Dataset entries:
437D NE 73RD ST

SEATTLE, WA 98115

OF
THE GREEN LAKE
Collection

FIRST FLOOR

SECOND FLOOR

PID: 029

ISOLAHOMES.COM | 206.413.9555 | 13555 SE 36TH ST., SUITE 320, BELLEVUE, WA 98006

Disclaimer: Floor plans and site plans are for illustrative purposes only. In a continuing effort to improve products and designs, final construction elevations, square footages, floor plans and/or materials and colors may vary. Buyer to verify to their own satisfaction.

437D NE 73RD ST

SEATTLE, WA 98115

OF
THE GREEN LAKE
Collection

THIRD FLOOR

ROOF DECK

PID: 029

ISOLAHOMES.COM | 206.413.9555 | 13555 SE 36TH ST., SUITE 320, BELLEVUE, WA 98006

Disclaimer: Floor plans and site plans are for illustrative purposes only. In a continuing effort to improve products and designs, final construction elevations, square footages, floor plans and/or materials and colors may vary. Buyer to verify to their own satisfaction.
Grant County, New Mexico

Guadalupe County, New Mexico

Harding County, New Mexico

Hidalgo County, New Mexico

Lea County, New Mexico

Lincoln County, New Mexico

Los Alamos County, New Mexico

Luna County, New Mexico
==
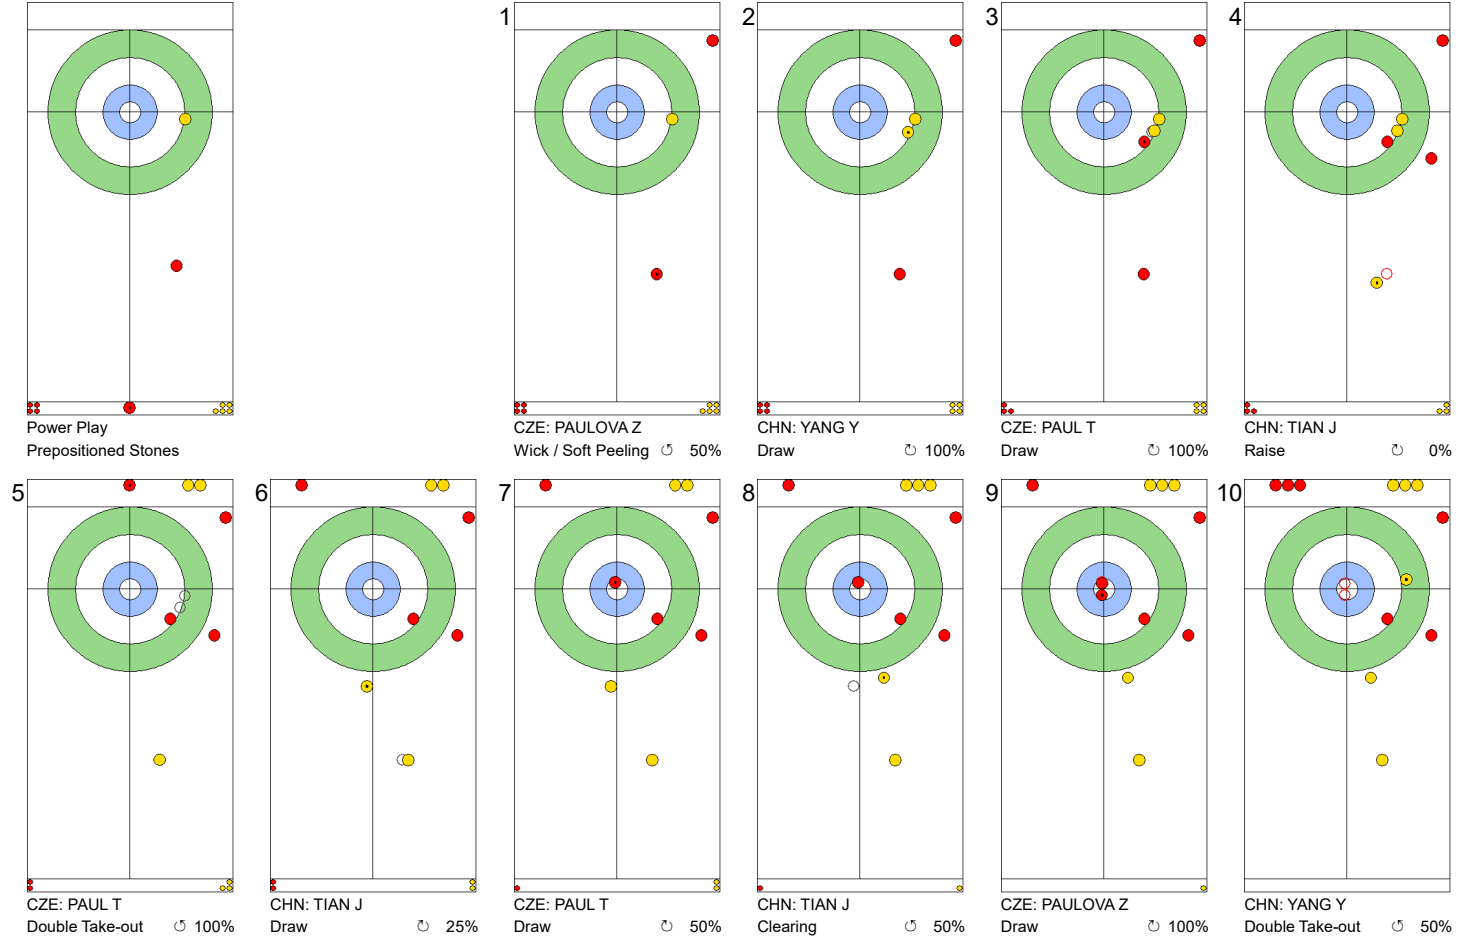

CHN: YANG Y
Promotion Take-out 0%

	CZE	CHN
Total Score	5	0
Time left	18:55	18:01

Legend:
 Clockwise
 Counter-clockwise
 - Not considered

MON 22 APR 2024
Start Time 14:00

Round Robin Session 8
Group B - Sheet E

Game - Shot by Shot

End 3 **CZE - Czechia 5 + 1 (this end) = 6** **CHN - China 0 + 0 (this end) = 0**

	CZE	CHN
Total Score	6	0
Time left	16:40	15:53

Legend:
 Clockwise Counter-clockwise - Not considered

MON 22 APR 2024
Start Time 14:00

### Task prompt:
Please reproduce the lines from the line with "Los Alamos County, New Mexico" to the line with "Luna County, New Mexico", both ends included, exactly as they appear above.

### Solution to this exercise:
Los Alamos County, New Mexico

Luna County, New Mexico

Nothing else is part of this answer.